**TASK STATEMENT**
In the entries below, the line with "- REVERSE SIDE" marks the start. Return it and every following line exactly, ending with the last.
--- START ---
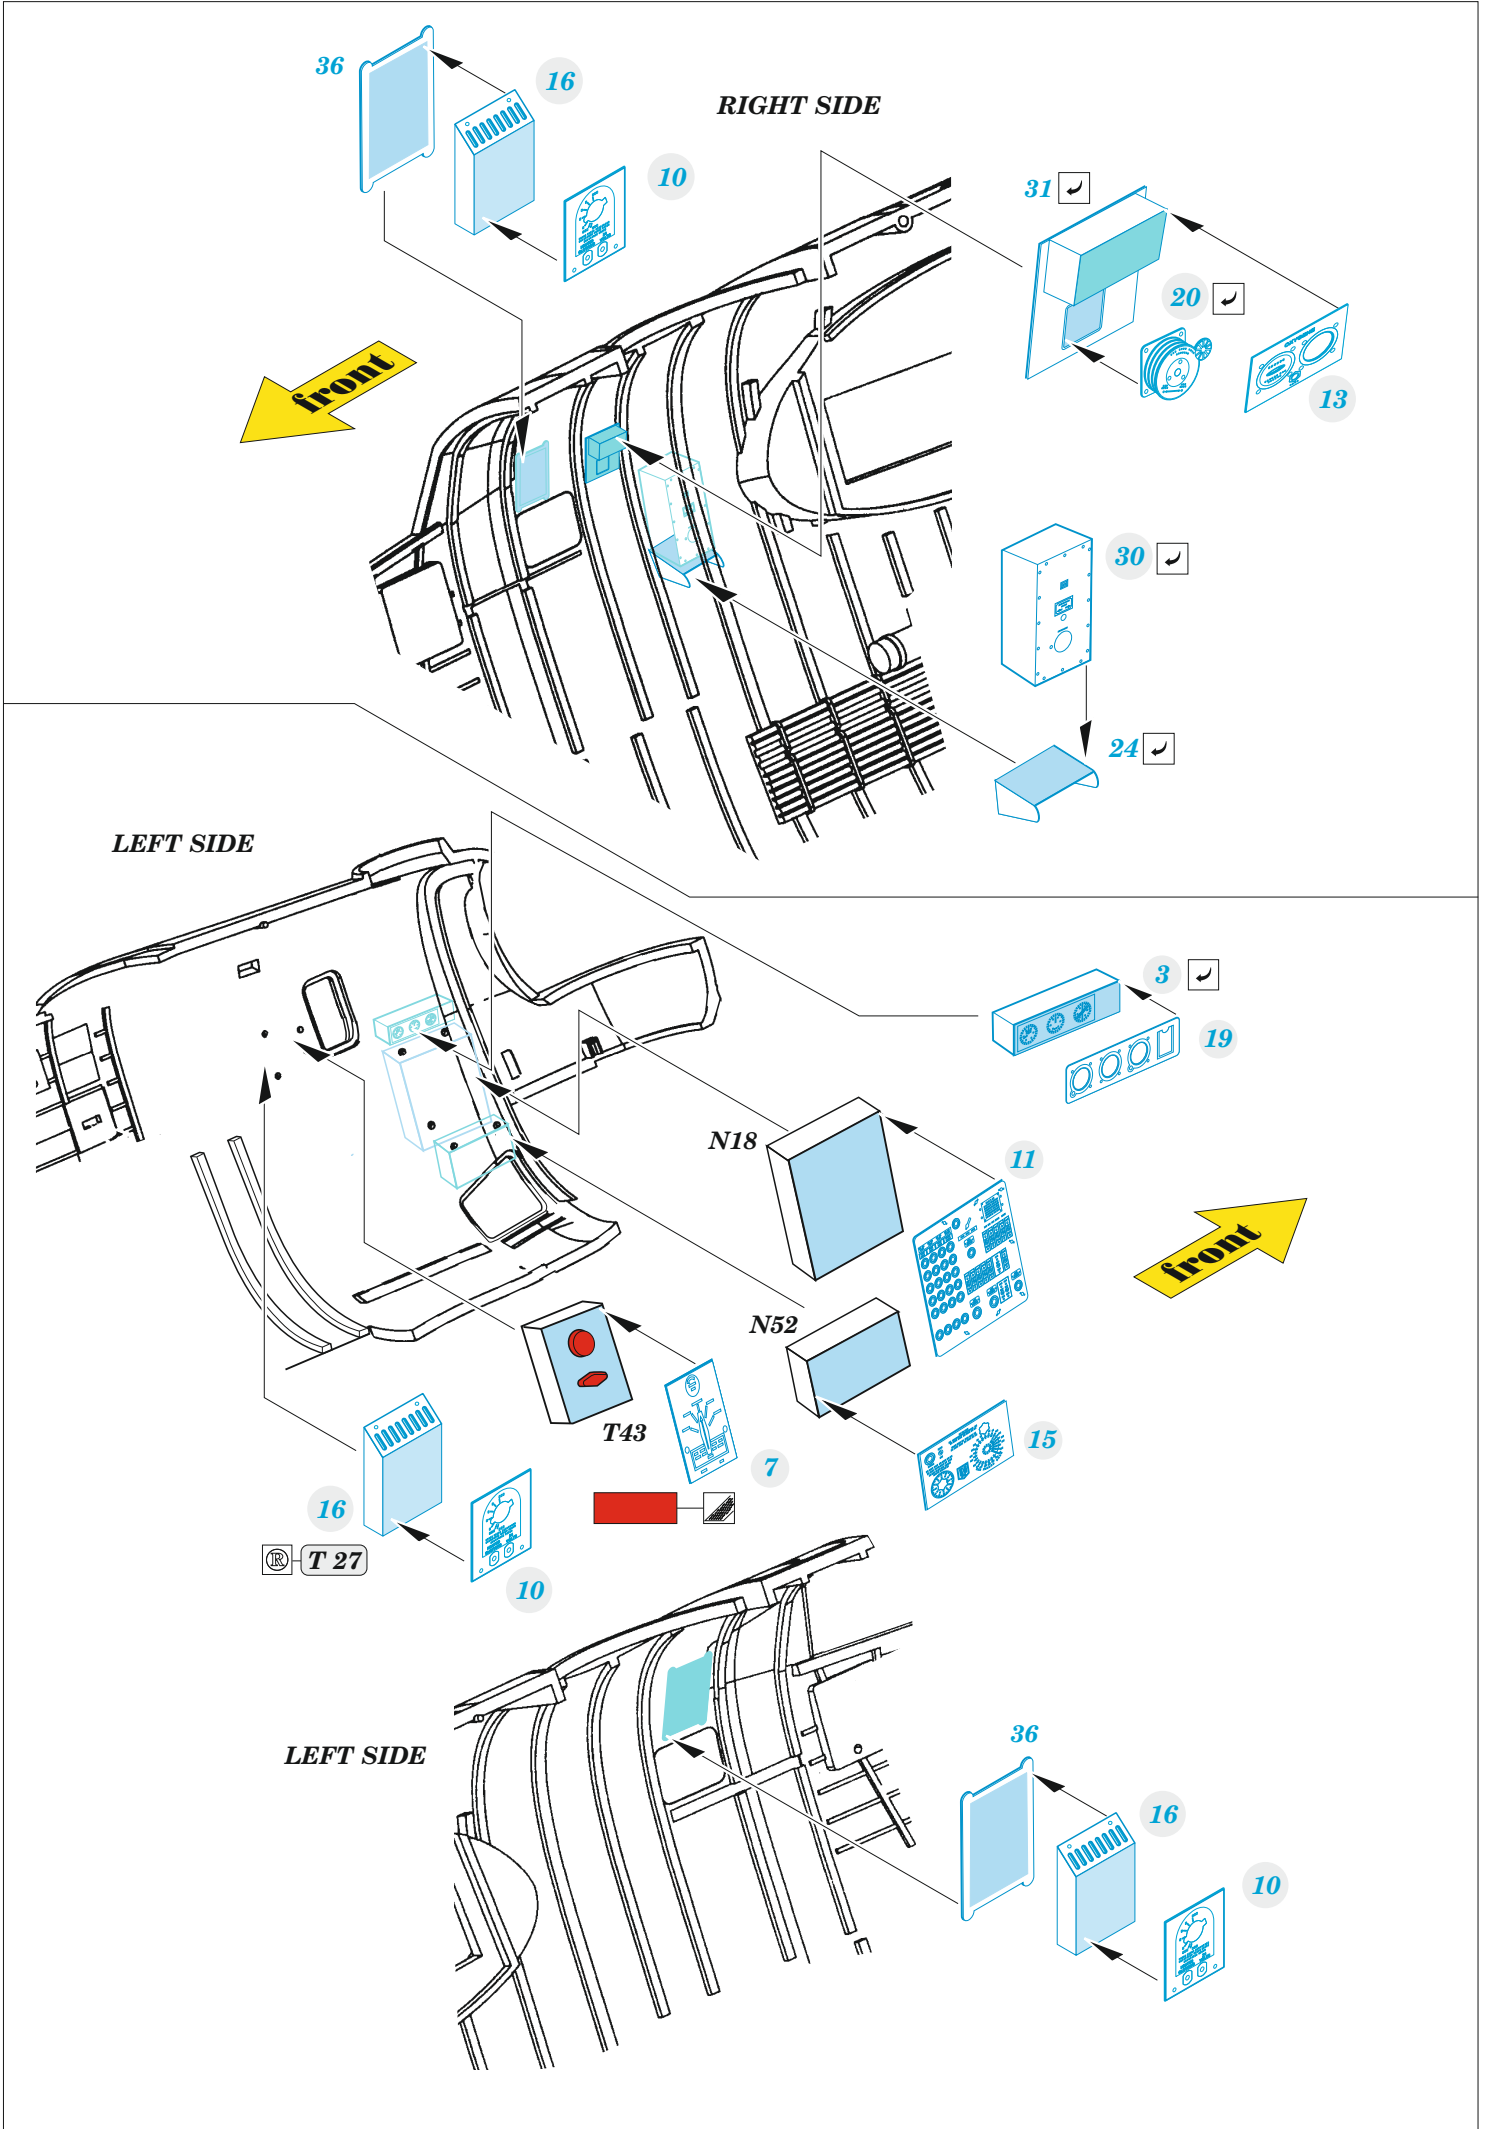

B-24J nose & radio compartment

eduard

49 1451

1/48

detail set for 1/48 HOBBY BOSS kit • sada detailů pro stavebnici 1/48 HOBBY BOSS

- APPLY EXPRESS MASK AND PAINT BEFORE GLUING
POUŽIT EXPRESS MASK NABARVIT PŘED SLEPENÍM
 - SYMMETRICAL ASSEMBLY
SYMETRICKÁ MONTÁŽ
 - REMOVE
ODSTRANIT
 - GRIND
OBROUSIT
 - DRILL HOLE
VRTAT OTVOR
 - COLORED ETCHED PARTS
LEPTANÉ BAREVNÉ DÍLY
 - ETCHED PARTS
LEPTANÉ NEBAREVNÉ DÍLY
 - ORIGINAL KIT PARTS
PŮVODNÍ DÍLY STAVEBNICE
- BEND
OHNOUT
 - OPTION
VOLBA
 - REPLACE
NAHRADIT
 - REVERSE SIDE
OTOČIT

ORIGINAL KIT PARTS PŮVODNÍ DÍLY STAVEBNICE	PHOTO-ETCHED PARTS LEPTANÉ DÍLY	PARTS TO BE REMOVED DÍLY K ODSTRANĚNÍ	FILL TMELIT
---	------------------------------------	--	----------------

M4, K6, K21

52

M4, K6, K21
--- END ---
**SOLUTION FOR THIS EXERCISE**
 - REVERSE SIDE
OTOČIT

ORIGINAL KIT PARTS PŮVODNÍ DÍLY STAVEBNICE	PHOTO-ETCHED PARTS LEPTANÉ DÍLY	PARTS TO BE REMOVED DÍLY K ODSTRANĚNÍ	FILL TMELIT
---	------------------------------------	--	----------------

M4, K6, K21

52

M4, K6, K21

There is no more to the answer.